Les propos d'Alexandre Astier au sujet de l'intelligence artificielle risquent de déplaire à bon nombre de lecteurs... Le créateur de l'emblématique série Kaamelott a récemment confié son opinion sur l'arrivée des algorithmes dans la conception littéraire des films et des séries. Lui qui n'a pas hésité à créer un robot pour l'aider dans l'écriture du second volet de l'adaptation cinématographique de son oeuvre burlesque sur le roi Arthur et les chevaliers de la Table ronde va aujourd'hui encore plus loin. On vous explique.
Un sujet brulant
Le sujet est brûlant. Actuellement impactée par un important mouvement social, l’industrie du cinéma et de la télévision américaine subit de plein fouet la grève de milliers de scénaristes. C'est la deuxième fois en quinze ans qu'Hollywood traverse une telle crise. Les protestations des auteurs sont en partie motivées par la crainte de se faire remplacer par des intelligences artificielles comme ChatGPT. Le site Above the line détaille notamment que plusieurs studios sont en train de "réfléchir à l'idée d'utiliser l'IA pour générer des scénarios basés sur des livres ou d'autres œuvres qui sont tombés dans le domaine public." On peut également lire que "quasiment tous les studios explorent cette possibilité", qui pourrait être "officiellement développée dans les mois ou années à venir". Des scripts générés par de l'intelligence artificielle qui seraient ensuite remaniés par de vrais scénaristes (humains).

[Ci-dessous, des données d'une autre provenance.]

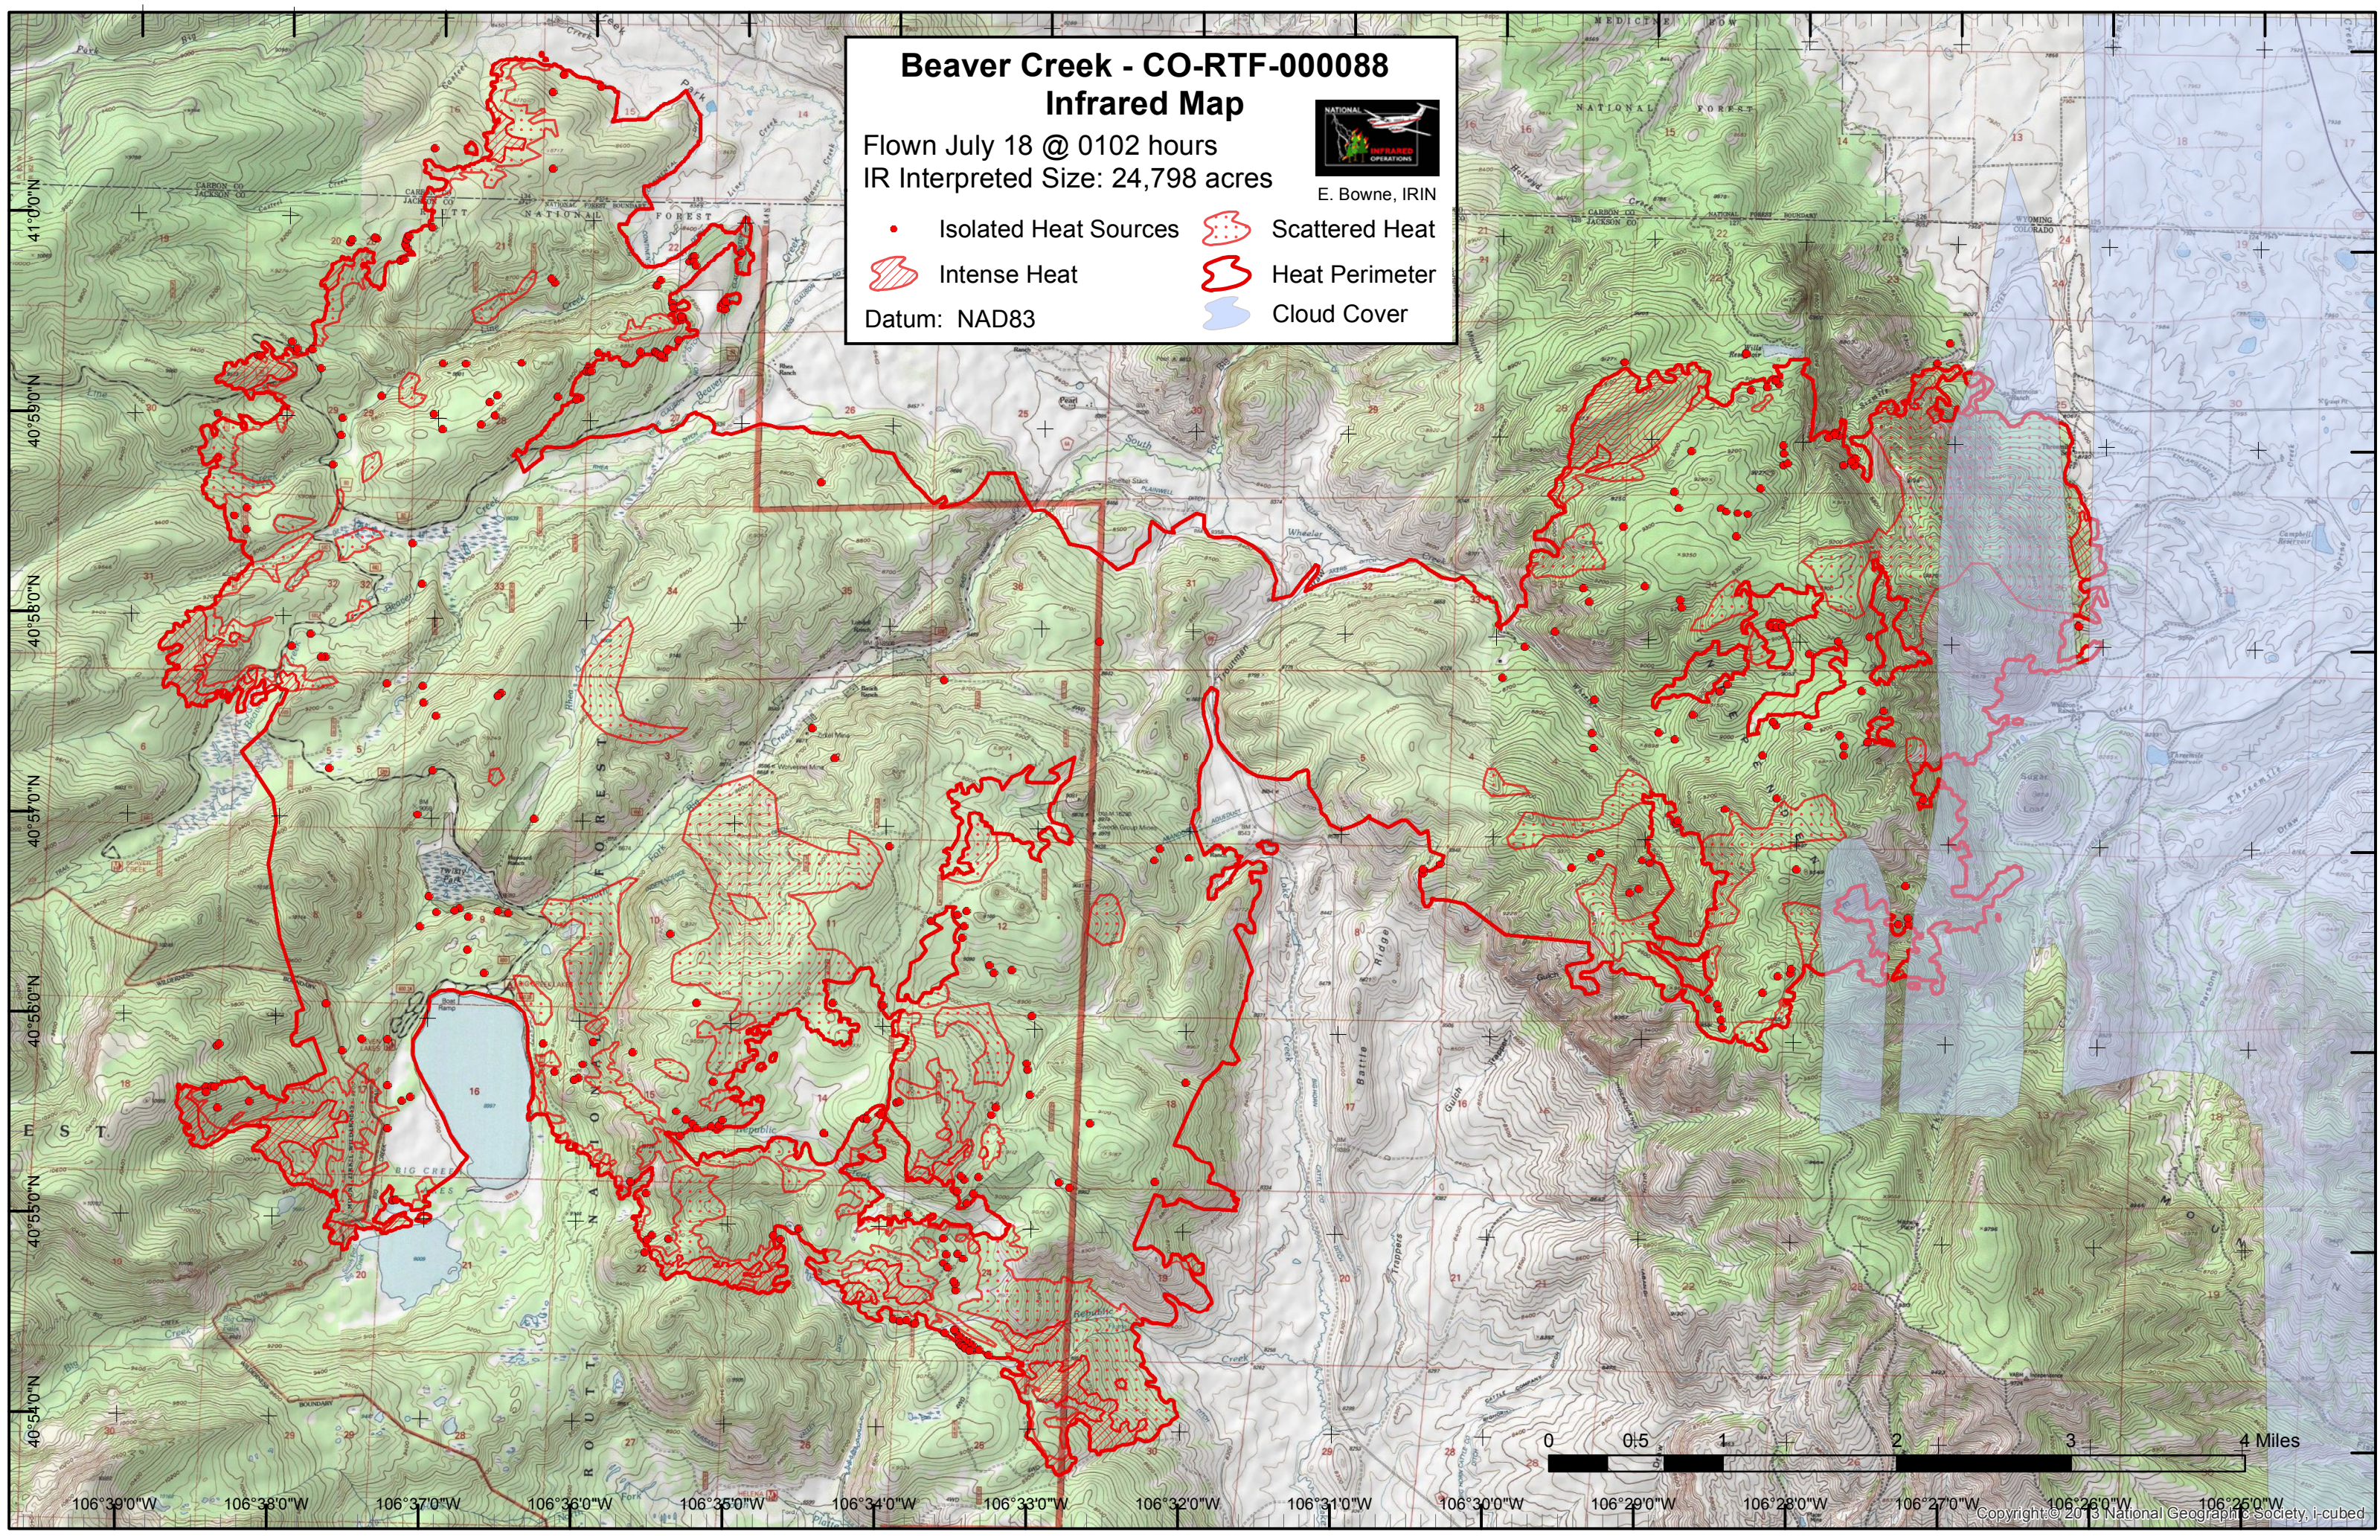

Beaver Creek - CO-RTF-000088

Infrared Map

Flown July 18 @ 0102 hours
IR Interpreted Size: 24,798 acres

E. Bowne, IRIN

- Isolated Heat Sources
- ▨ Intense Heat
- Datum: NAD83
- ▨ Scattered Heat
- ▨ Heat Perimeter
- ☁ Cloud Cover

106°39'0"W 106°38'0"W 106°37'0"W 106°36'0"W 106°35'0"W 106°34'0"W 106°33'0"W 106°32'0"W 106°31'0"W 106°30'0"W 106°29'0"W 106°28'0"W 106°27'0"W 106°26'0"W 106°25'0"W
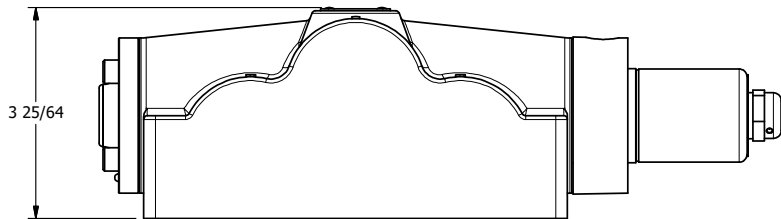

4

3

2

1

AAA
PRODUCTS
INTERNATIONAL

**AAA PRODUCTS
INTERNATIONAL**
7114 Harry Hines Blvd
Dallas, TX 75235

TITLE: 1" SUBPLATE, SNGL SOL, 2 POS,
SPRING RTRN, CLASSIC SOL,
PUSH OVRD, DUST EXCLDR

DRAWING NO.:
DIM_SO8POPL
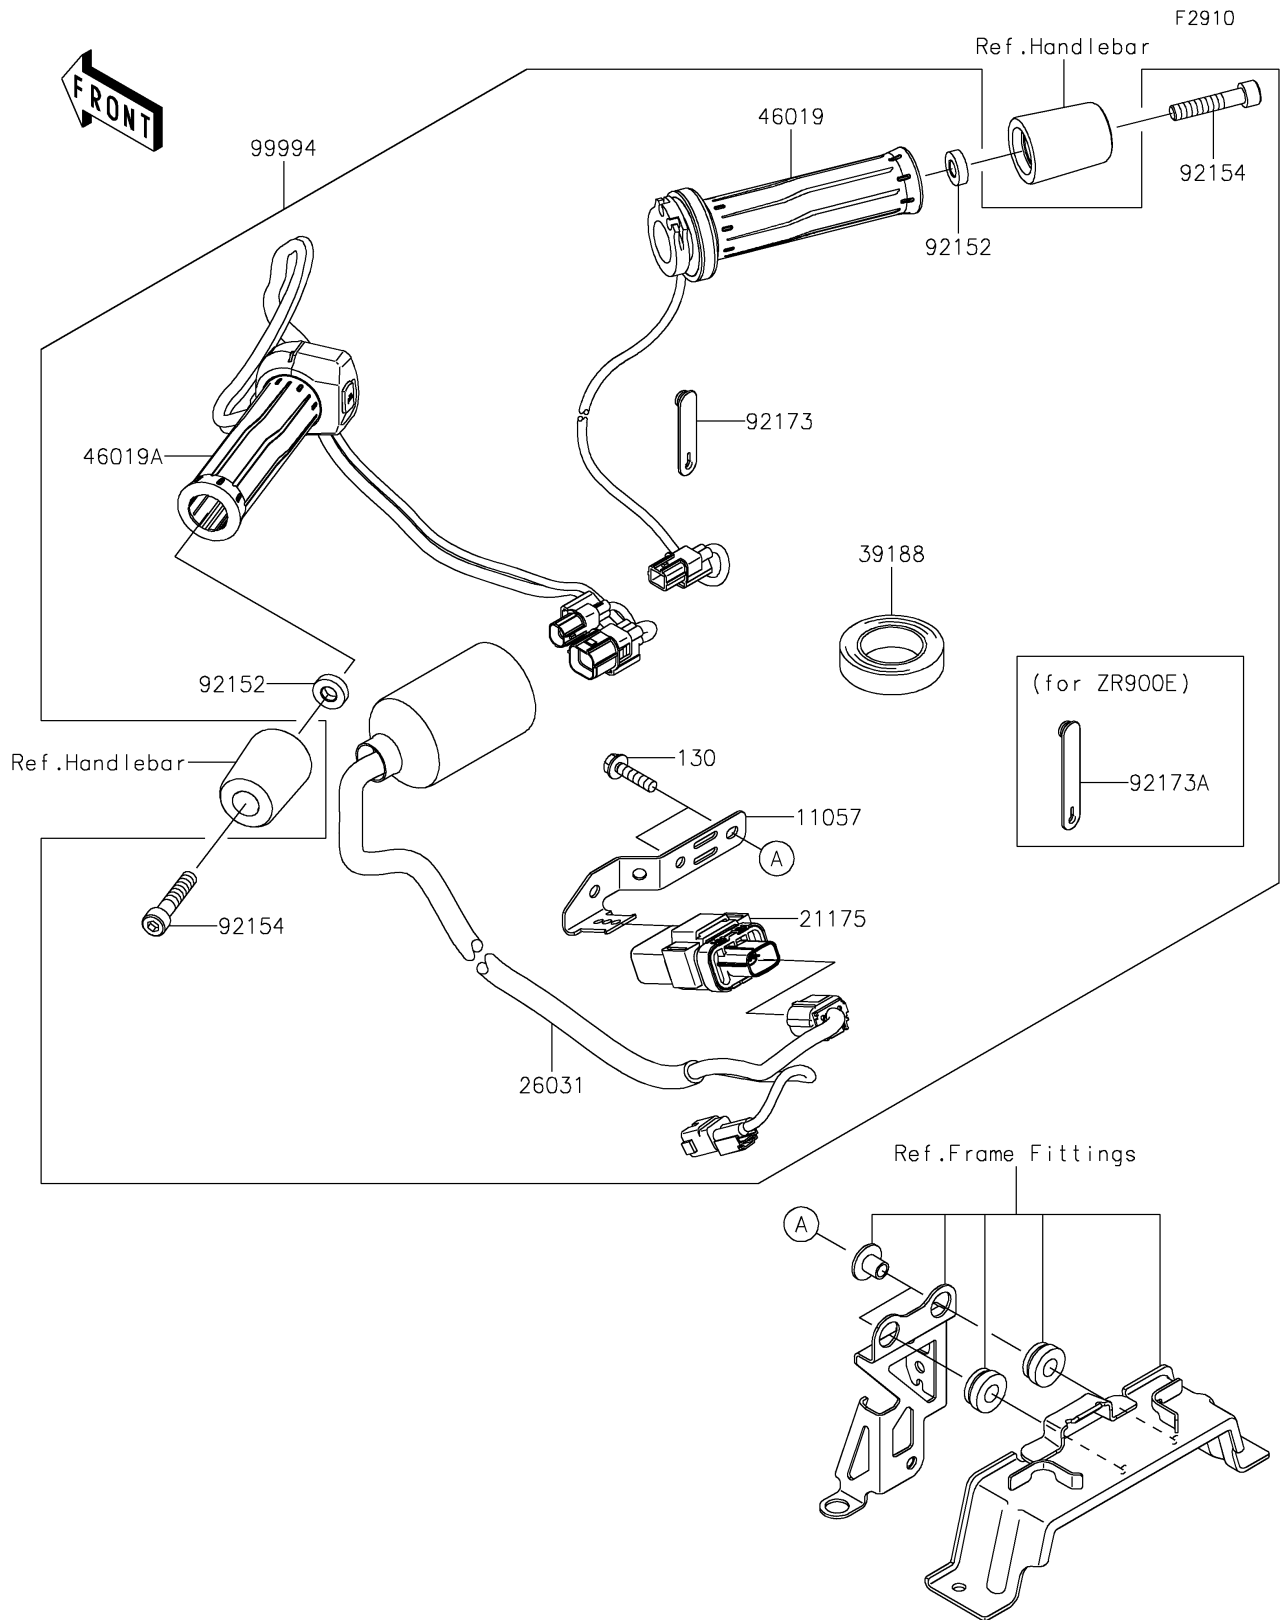

2019 Z900RS ABS PARTS DIAGRAM

Accessory(Grip Heater)

2019 Z900RS ABS PARTS LIST

Accessory(Grip Heater)

ITEM NAME	PART NUMBER	QUANTITY
-----------	-------------	----------

Récemment interviewé par nos confrères du HuffPost, Alexandre Astier, auquel on doit Kaamelott, bien sûr, mais aussi Astérix - Le Secret de la Potion Magique, a expliqué son avis sur l’IA. À 48 ans, l'acteur, scénariste et réalisateur français a bien roulé sa bosse devant et derrière les caméras. Lui ne voit pas l'arrivée de cette technologie uniquement d'un mauvais oeil, soulignant ses avantages encyclopédiques :
Pour ce qui est de mon métier, je trouve pour commencer que l’IA dit beaucoup de bêtises. Si l’on parle de ChatGPT, il se contredit, avance des choses comme des vérités puis revient dessus une fois qu’on lui a expliqué que c’était faux. Il va vous répondre « Ah oui pardon, je me suis trompé » et se corriger. Mais si on le questionne quinze fois de suite, on peut arriver à quinze « pardon je me suis trompé ». Et c’est logique puisqu’il est nourri de choses vraies, mais aussi de fausses. Si c’était une vraie conversation, on arrêterait très vite de parler avec une personne comme ça. Pour le moment, ChatGPT a tout de même de grands talents, et notamment cette érudition fixe et figée. Il est relativement encyclopédique, pour peu qu’on n’aille pas chercher uniquement chez lui. Il est par exemple toujours moins bon que le dictionnaire de l’Académie française ou le Grevisse sur la grammaire.
Quant à la question de savoir l'intelligence artificielle est une menace pour les auteurs, Alexandre Astier considère que son arrivée dans le paysage de la création artistique doit nous servir à repenser ce qu'est un scénariste.
Je pense que c’est exactement ce qu’il nous fallait pour que l’on s’interroge sur ce qu’est un scénariste. Si l’on considère quec’est un mec ou un groupe de personnes réunies pour fournir ce qu’une chaîne ou une plateforme demande, alors oui, le scénariste est remplaçable. Mais si l’on se dit que c’est un auteur, avec une langue, un verbe, un style, une façon, un artisanat, et que l’on respecte chez cet auteur ses défauts, le fait qu’il écrive avec une déchirure, une souffrance, qu’il nous montre ce qu’il a dans le ventre, alors l’auteur devient résolument inimitable. D’ailleurs, si un producteur ou un studio conteste ces erreurs à un auteur, il faut avoir le courage de les garder : on ne risque rien si on fait son métier pleinement.
Le fruit d’un auteur, que ce soit un texte ou un script, doit tout contenir de ce qu’est l’auteur. Parce que la création, c’est un acte humain. Un auteur ne peut d’ailleurs même pas être corrigé par un autre auteur, qui ne saurait rien de la souffrance, de la déchirure, à l’origine de la création. Alors face à cette déferlante d’employeurs potentiels qui cherchent à fabriquer une offre, qu’est-ce qu’un auteur ? Qu’est-ce qu’un auteur qui fait partie d’un pool d’auteurs ? Qu’est-ce qu’un geste artistique ? L’IA nous oblige à nous poser ces questions.
Et vous, que pensez-vous des propos d'Alexandre Astier, pour qui l'IA et ChatGPT ne menacent pas fondamentalement la création artistique ?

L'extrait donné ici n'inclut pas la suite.